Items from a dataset
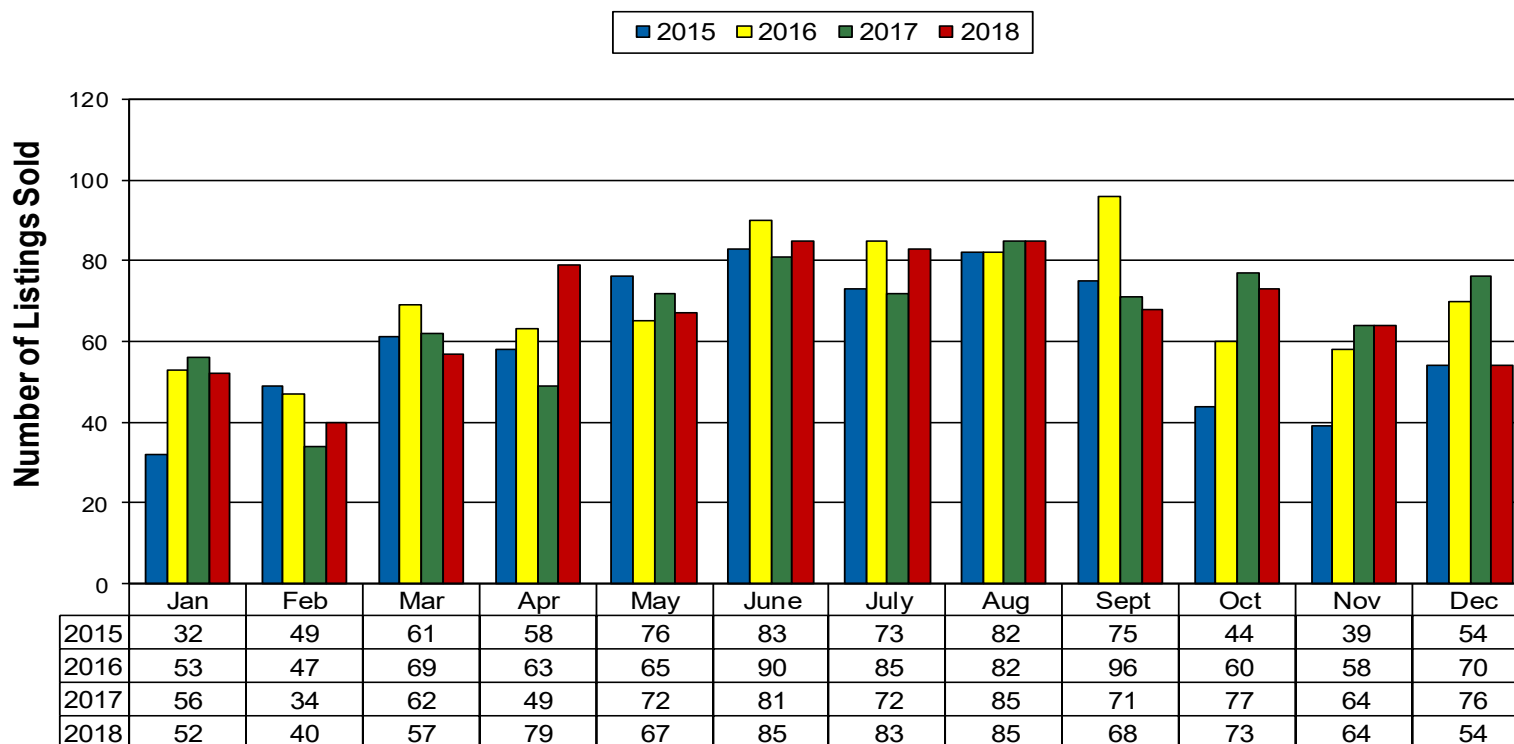

12 Month Residential Closing Comparison - Single Family Homes
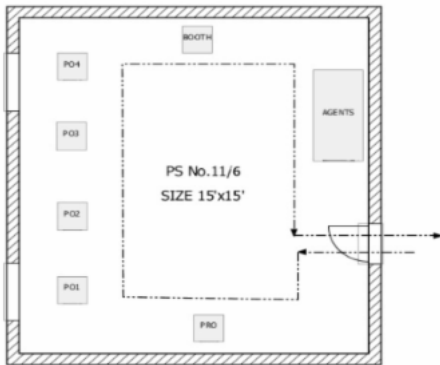

Nazri Naksha

Google Map View

Polling Station Building Front View

Polling Station Front View

Cad View

Key MAP View

# TASK STATEMENT:
For the records above, output each one exactly and skip any image.

# ANSWER BOX:
12 Month Residential Closing Comparison - Single Family Homes

Nazri Naksha

Google Map View

Polling Station Building Front View

Polling Station Front View

Cad View

Key MAP View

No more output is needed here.